* _Source records_:
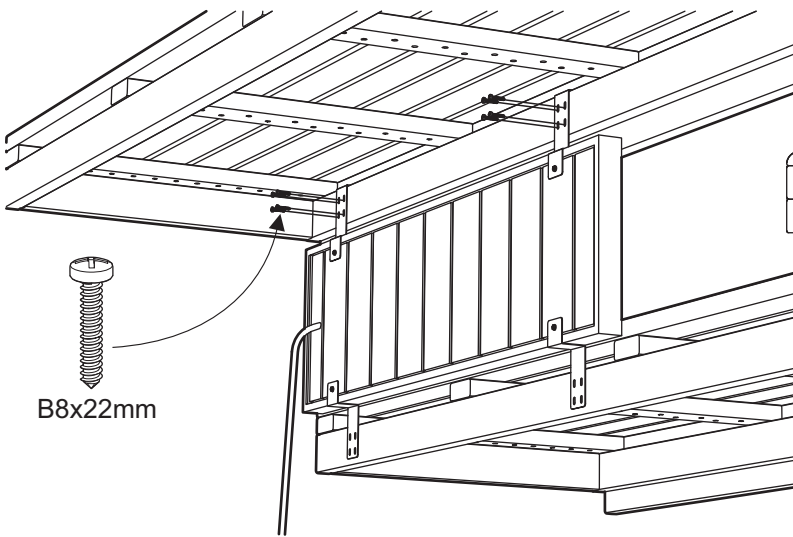

MOUNTING KIT

INFRA PANEL - UNDER THE BENCH

980x280

Mounting kit for one infra panel

Placement of benches
(Benches - Classic/Classic Slim)

Mount the brackets on the back side of the infra panel

Mount the upper brackets on the upper bench

Mount the lower brackets on the lower bench

Example - two infra panels under the bench

Tip how to fill eventual gaps

* _Exercise details_: Please transcribe only the portion of the material that starts at the line containing "Mount the upper brackets on the upper bench" and runs through its last line, inclusive, exactly as given.

* _Response box_:
Mount the upper brackets on the upper bench

Mount the lower brackets on the lower bench

Example - two infra panels under the bench

Tip how to fill eventual gaps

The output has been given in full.